Though producer David O. Selznick renited the winning team of director Alfred Hitchcock, star Ingrid Bergman, and writer Ben Hecht from Hitchcock's psychoanalytical drama 'Spellbound' in 1945, and oversaw (with his customary blizzard of memos) the development of this classy, romantic spy story, he eventually sold the whole package to RKO and let Hitchcock produce it himself. Even David Thomson, Selznick's biographer, admits that the film is as good as it is because Selznick wasn't there to ruin it.
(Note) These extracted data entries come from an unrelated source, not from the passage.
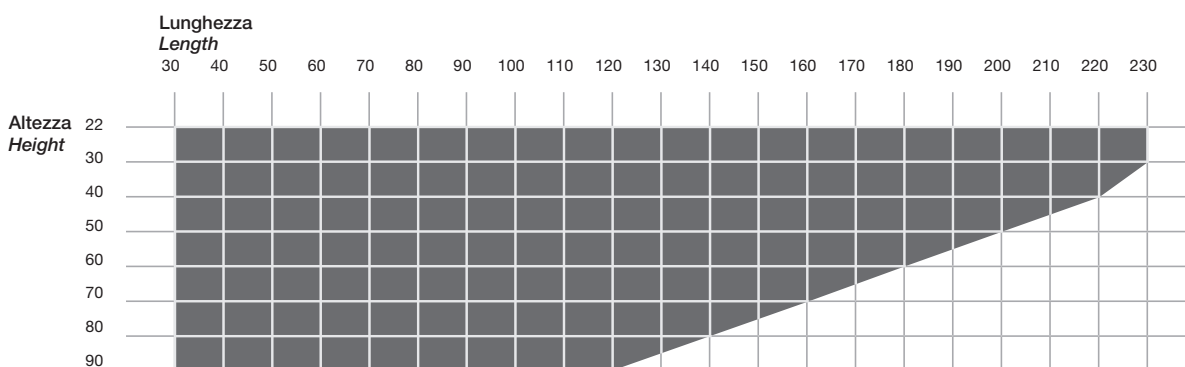

Consolle in vetro curvato da 12 mm.
Disponibile anche con ripiano in vetro
da 10 mm (L 117 cm, P 36 cm).

Disponibile anche su misura.

*Console in 12 mm-thick curved glass.
Also available with 10 mm-thick glass shelf
(L 117 cm, W 36 cm).*

Also available in the full custom version.

dimensioni L, P, H
dimensions L, W, H
(cm)

	COD./CODE	L	P/W	H	peso netto net weight (kg)	peso lordo gross weight (kg)	volume imballo package volume (m³)
Consolle. Console.	1012	100	36	75	26	40	0,45
Consolle con ripiano. Console with 10 mm-thick glass shelf.	1013	100	36	75	34	48	0,45
Consolle. Console.	1212	120	36	75	28	44	0,52
Consolle con ripiano. Console with 10 mm-thick glass shelf.	1213	120	36	75	38	54	0,52

La consolle Rialto è realizzabile anche
su misura. Per la fattibilità consultare
l'abaco di seguito.

*The Rialto console is also available in the
full custom version. To see the achievable
dimensions see the following abacus.*

Toward the end of World War II, suave spymaster T.R.Devlin (Cary Grant) recruits loose-living Alicia Huberman (Bergman), the American estranged daughter of a convicted Nazi spy, to infiltrate a group of Nazi exiles in Rio de Janeiro. Having fallen for the man who has rescued her from her aimless, wasteful lifestyle, revolving round drink and men, Alicia is agonized when she feels Devlin is pimping her for the cause, and she is driven to take her mission to extremes by marrying the almost-fatherly fascist Alexander Sebastian (Claude Rains), the better to spy on him. Inside Sebastian's chilly, luxurious mansion, Alicia earns the hatred of the true power among the evil exiles, Sebastian's smothering monster mother (Madame Konstantin), who supervises the sloaw poisoning of Alicia. At a party, with a classic suspense mechanism in the dwindling supply of champagne that will eventually lead to a servant venturing into the wine cellar where the angelic Alicia and the devilish Devlin are snooping, Hitchcock produces his most elegant and yet topical detail: wine bottled full of uranium being used to create a Nazi A-bomb. the payoff is an agonizing moment of discovery when Sebastian is duped into believing that his wife is only unfaithful as opposed to a spy.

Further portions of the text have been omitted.